Recessions in Canada and the US are often, but not always, closely synchronised. Moreover, there is a large disparity in the magnitude of the downturns since the severity of a recession in Canada is usually determined by the course of domestic demand, not exports. Of course, domestic spending is influenced by global trends, especially the impact of commodity prices on business investment. The record drop of our terms of trade late in 2008 suggests that the global recession will play a determinant role in domestic spending.

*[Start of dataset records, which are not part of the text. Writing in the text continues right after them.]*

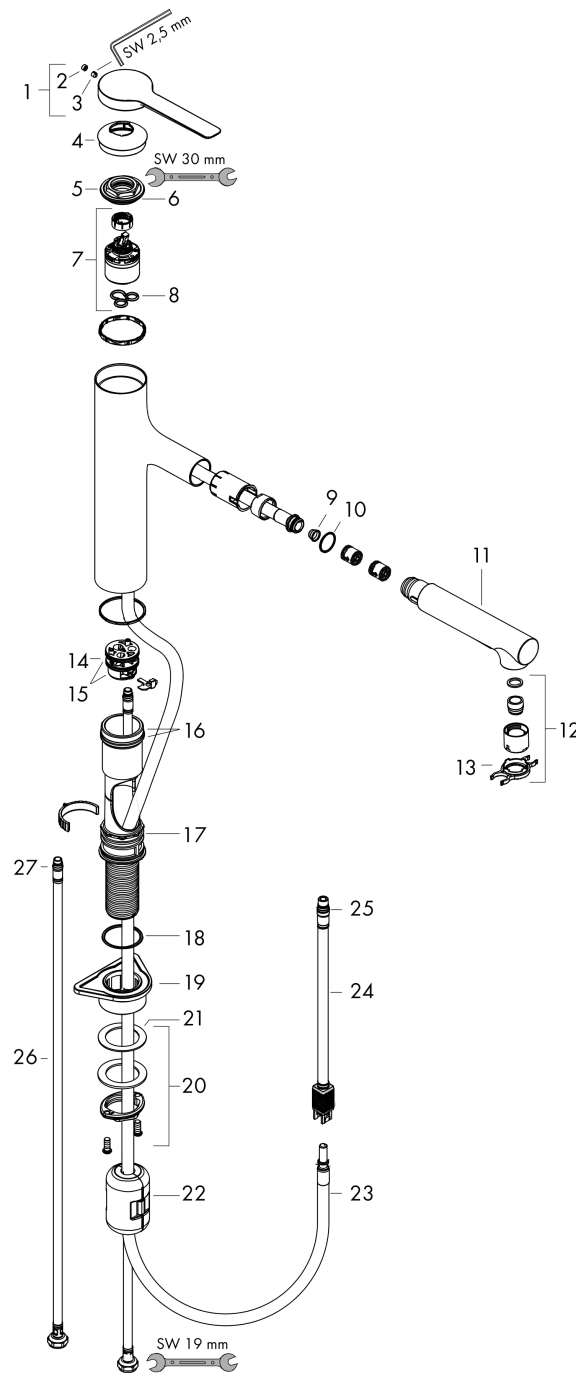

Zesis M33

Single lever kitchen mixer 160, pull-out spray, 2jet

Finish: **Chrome** Article Number: **74801000**

Description

product features

- ComfortZone 160
- swivel range 150°
- laminar spray, shower spray
- lockable shower spray, spray returns through pressing spray diverter and spray returns automatically through handle closing
- MagFit magnetic shower support
- quick connect hose
- connection dimension: DN15
- maximum flow rate at 3 bar: 8,2 l/min
- ceramic cartridge
- connection type: G 3/8 connections
- temperature limitation adjustable
- integrated non-return valve
- suitable for continuous flow water heaters
- extension length up to 50 cm

Technology

Design awards

Product image

Scale drawing

Zesis M33

Single lever kitchen mixer 160, pull-out spray, 2jet

Finish: **Chrome** Article Number: **74801000**

Flowchart

Zesis M33

Single lever kitchen mixer 160, pull-out spray, 2jet

Finish: **Chrome** Article Number: **74801000**

Exploded Drawing

Year of production: >12/21

Zesis M33

Single lever kitchen mixer 160, pull-out spray, 2jet

Finish: **Chrome** Article Number: **74801000**

Spare part list

Year of production: >12/21

Pos.	Description	Article Number	PC	PU
1	handle	94391000	9	1
2	screw cover	93735610	3	1
3	hollow set screw M5x5	98446000	1	1
4	flange	94388000	3	1
5	nut	94389000	9	1
6	O-ring 41x2	98212000	1	1
7	cartridge, assy	93895000	12	1
8	seal	95008000	3	1
9	filter	97735000	1	1
10	O-ring 18x1,5	98231000	1	1
11	handspray	94395000	12	1
12	aerator laminar M22x1 (15 l/min)	95909000	10	1
13	service tool	95910000	3	1
14	adapter for cartridge	95911000	6	1
15	O-Ring 30x2	98186000	1	1
16	O-ring 37x2	92115000	1	1
17	O-ring 44x2	94394000	1	1
18	O-ring 39x2	98158000	1	1
19	support	97523000	2	1
20	fixing set (Ø 34)	95049000	5	1
21	lever collar	97548000	1	1
22	weight	92500000	9	1
23	hose 1,25 m	95506000	12	1
24	connection hose 600 mm	92264000	9	1
25	connection hose	94267000	9	1
26	O-ring 6,6x1,6	93019000	1	1
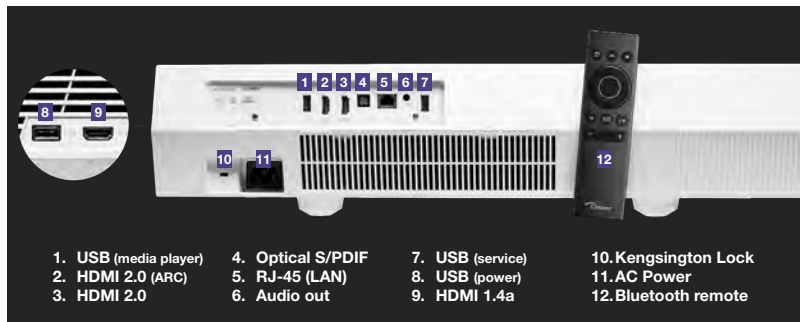

COMPATIBILITY SPECIFICATIONS

USB Media Player Compatibility	Videos: 480p, 720p, 1080p, 1440p, 4K UHD, HDR10, HLG Files: MKV, MP4, M4V, AVI, H.264, HEVC, MOV, TS Audio: MP3, AAC, WAV, FLAC 16/24-bit Images: JPEG, BMP, GIF
Computer Compatibility	VGA, SVGA, HDTV(720P), WXGA, WXGA+, SXGA, SXGA+, UXGA, HDTV(1080p), WUXGA, 4K UHD (24/30/50/60Hz), 4K DCI
Video Input Compatibility	PAL, SECAM, 576i/p, NTSC, 480i/p, HDTV 720p/1080i/1080p, 4K UHD (24/30/50/60Hz)
3D Compatibility†	Supports all HDMI 1.4a mandatory 3D formats (Frame pack, side-by-side, top-bottom) and up converts frame rate from 60Hz to 120Hz or 24Hz to 144Hz (i.e. 60 or 72 frames per eye). 3D glasses are needed and sold separately. Refer to user manual for details.
Vertical Scan Rate	50 - 85 Hz (120 Hz for 1080p 3D feature)
Horizontal Scan Rate	15.375 - 91.146 KHz
User Controls	Graphic user interface and on-screen menu in 27 languages
I/O Connection Ports	2x HDMI 2.0 (HDCP 2.2, 18Gbps) (HDMI CEC & ARC compatible), 1x HDMI 1.4a (HDCP 1.4) (side), 2x USB 2.0 (rear, for 4K USB media player), USB power (service)
Control	Crestron Roomview, HDMI-CEC, Smart+ (Amazon Alexa, Google Actions, IFTTT compatible)

1. USB (media player)
2. HDMI 2.0 (ARC)
3. HDMI 2.0
4. Optical S/PDIF
5. RJ-45 (LAN)
6. Audio out
7. USB (service)
8. USB (power)
9. HDMI 1.4a
10. Kensington Lock
11. AC Power
12. Bluetooth remote

SMART FEATURES

Operating System	Android 8.0 with customizable launcher
Video streaming	Available Optoma Marketplace with access to YouTube 4K, Netflix (480p), CNBC, TED TV, NBA TV, CNBC, BBC & more
USB Image & Document Viewer	Office documents (Word, Excel & PowerPoint), PDFs and images Autoplay PDF/PPT: 3, 5, 10, 15 & 20s intervals
Smart Home Features	Amazon Alexa, Google Assistant & IFTTT
SmartFIT	iOS (App Store) & Android (Play Store & Amazon Appstore)
Amazon Alexa Smart Home Skill	Commands: power on/off, volume control (1-10), change input source, media player controls (play, stop, pause, next, previous, FF, REW, start over)
Amazon Alexa Custom Skill	Commands: change display mode, HDR picture mode, PureMotion setting
Alexa AV Gear Region Support	United States - English, Canada
Google Assistant Actions	Commands: power on/off, volume control (1-10), change input source, media player controls (play, stop, pause, next, previous, FF, REW, start over), change display mode, HDR picture mode, PureMotion setting
Google Assistant Region Support	All regions - English only

NETWORK CONNECTIVITY

Wi-Fi	802.11ac (dual-band, 2x2)
Wi-Fi security	WEP, TKIP, AES, WPA, WPA2
Bluetooth	Bluetooth 4.0
Firmware	OTA updates via Wi-Fi or ethernet

PHYSICAL SPECIFICATIONS

Security	Kensington® lock port, password (OSD)
Weight	24.25 lbs
Dimensions (W x H x D)	22.1" x 5.1" x 15"
Recommended furniture height	13" - 18" (124% offset)

Warranty

2 Year parts and labor limited warranty on the projector, 5-year or 12,000 hour light source warranty (whichever comes first)

What's in the Box

CinemaX P2 projector, distance cards, quick start user manual, Bluetooth smart home remote with Airmouse (rechargeable), power cable

Accessories

Bluetooth smart home remote with Airmouse (replacement): BR-3074R
CinemaX P2 distance cards (replacement): BD-25120
4K UHD Casting and mirroring adapter: UHDCast Pro

UPC 796435 81 371 0

Every business cycle has its unique characteristics. The current downturn in the US has already had several remarkable features, most notably the magnitude of the shock to the global financial system and the speed and breadth that its repercussions were felt in the global economy. Another is the marked easing of monetary policy from the very onset of the credit crisis. For Canada, there already has been the largest drop in the terms of trade on record, as commodity prices reversed course. Another is the very quick response of firms in the US to lower employment from the onset of the recession, even before GDP started to recede decisively. Employment in Canada began to fall almost a full year after the US. It remains to be seen whether the path of the two economies will continue to converge in 2009.